Segment Open
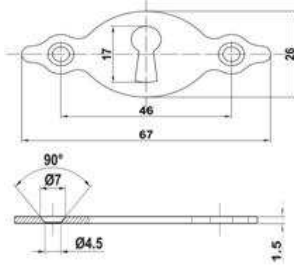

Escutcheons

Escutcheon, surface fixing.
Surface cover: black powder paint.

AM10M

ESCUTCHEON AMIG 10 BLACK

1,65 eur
Segment Closed
Segment Open
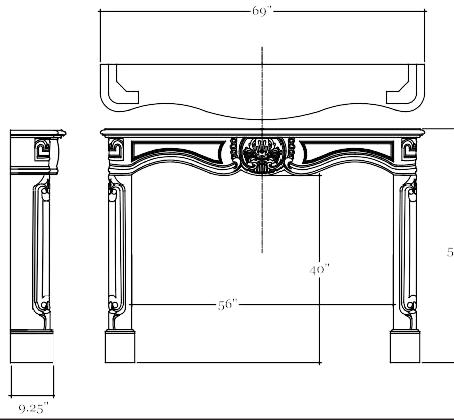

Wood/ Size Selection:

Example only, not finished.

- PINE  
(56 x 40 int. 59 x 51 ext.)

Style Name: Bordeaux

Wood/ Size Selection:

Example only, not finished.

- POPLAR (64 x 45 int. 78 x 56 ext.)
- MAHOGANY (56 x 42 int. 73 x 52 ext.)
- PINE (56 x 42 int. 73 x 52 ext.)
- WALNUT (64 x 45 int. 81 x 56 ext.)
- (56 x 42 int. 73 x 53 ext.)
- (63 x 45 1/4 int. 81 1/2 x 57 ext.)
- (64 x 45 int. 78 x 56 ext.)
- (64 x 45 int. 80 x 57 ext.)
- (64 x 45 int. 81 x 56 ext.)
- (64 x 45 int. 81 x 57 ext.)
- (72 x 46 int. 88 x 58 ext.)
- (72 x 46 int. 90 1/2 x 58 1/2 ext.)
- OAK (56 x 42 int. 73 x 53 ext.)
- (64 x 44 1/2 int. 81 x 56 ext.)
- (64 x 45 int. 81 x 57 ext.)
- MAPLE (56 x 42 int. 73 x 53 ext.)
Segment Closed
Segment Open
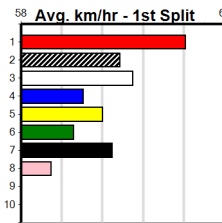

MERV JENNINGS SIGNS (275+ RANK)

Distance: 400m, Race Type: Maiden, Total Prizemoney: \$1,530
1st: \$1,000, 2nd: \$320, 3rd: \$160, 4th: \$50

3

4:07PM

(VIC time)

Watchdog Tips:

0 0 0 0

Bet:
Segment Closed
What is required:
Your answer must consist solely of the lines above between the line holding "Style Name: Bordeaux" and the line holding "- MAPLE (56 x 42 int. 73 x 53 ext.)", inclusive, copied exactly.

Written reply:
Style Name: Bordeaux

Wood/ Size Selection:

Example only, not finished.

- POPLAR (64 x 45 int. 78 x 56 ext.)
- MAHOGANY (56 x 42 int. 73 x 52 ext.)
- PINE (56 x 42 int. 73 x 52 ext.)
- WALNUT (64 x 45 int. 81 x 56 ext.)
- (56 x 42 int. 73 x 53 ext.)
- (63 x 45 1/4 int. 81 1/2 x 57 ext.)
- (64 x 45 int. 78 x 56 ext.)
- (64 x 45 int. 80 x 57 ext.)
- (64 x 45 int. 81 x 56 ext.)
- (64 x 45 int. 81 x 57 ext.)
- (72 x 46 int. 88 x 58 ext.)
- (72 x 46 int. 90 1/2 x 58 1/2 ext.)
- OAK (56 x 42 int. 73 x 53 ext.)
- (64 x 44 1/2 int. 81 x 56 ext.)
- (64 x 45 int. 81 x 57 ext.)
- MAPLE (56 x 42 int. 73 x 53 ext.)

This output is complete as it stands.